* [EXTRACTED DATA]:
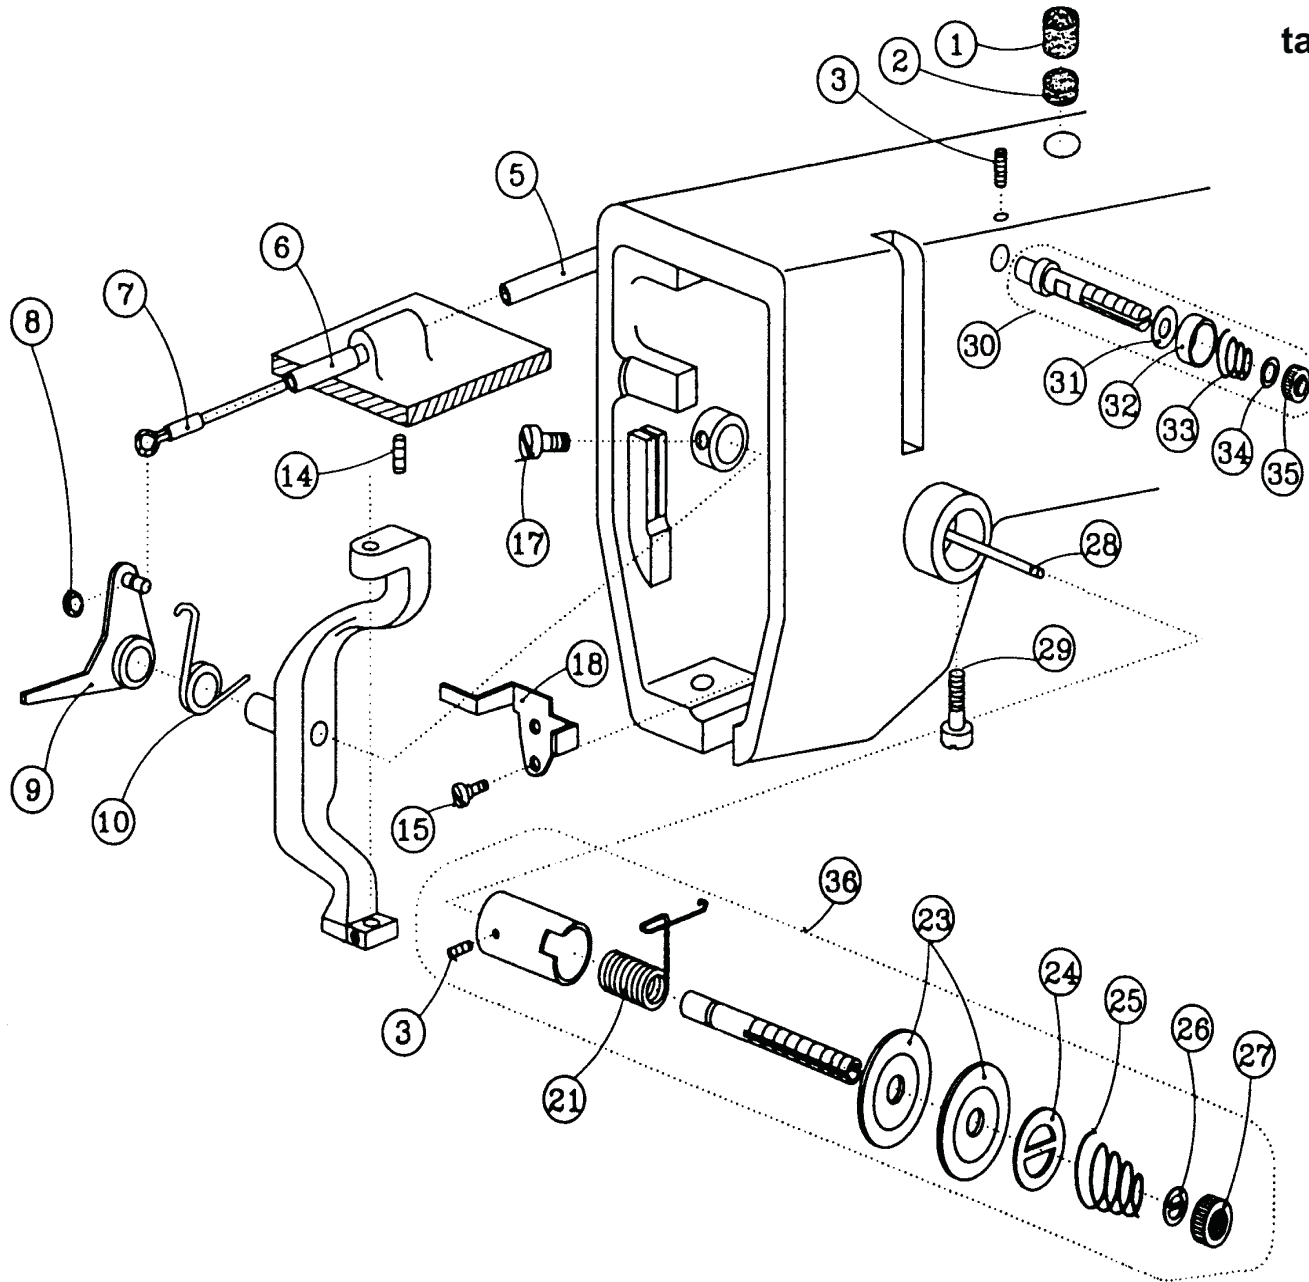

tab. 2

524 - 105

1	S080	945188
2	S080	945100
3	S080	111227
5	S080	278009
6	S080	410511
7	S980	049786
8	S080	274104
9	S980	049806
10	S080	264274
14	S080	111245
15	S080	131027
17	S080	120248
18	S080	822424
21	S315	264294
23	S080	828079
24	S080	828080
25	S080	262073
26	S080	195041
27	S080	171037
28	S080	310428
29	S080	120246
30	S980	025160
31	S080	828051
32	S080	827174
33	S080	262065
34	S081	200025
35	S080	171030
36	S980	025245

* [TASK TO CARRY OUT]: Reproduce the records exactly, images excluded.

* [SOLUTION FOR THIS EXERCISE]:
tab. 2

524 - 105

1	S080	945188
2	S080	945100
3	S080	111227
5	S080	278009
6	S080	410511
7	S980	049786
8	S080	274104
9	S980	049806
10	S080	264274
14	S080	111245
15	S080	131027
17	S080	120248
18	S080	822424
21	S315	264294
23	S080	828079
24	S080	828080
25	S080	262073
26	S080	195041
27	S080	171037
28	S080	310428
29	S080	120246
30	S980	025160
31	S080	828051
32	S080	827174
33	S080	262065
34	S081	200025
35	S080	171030
36	S980	025245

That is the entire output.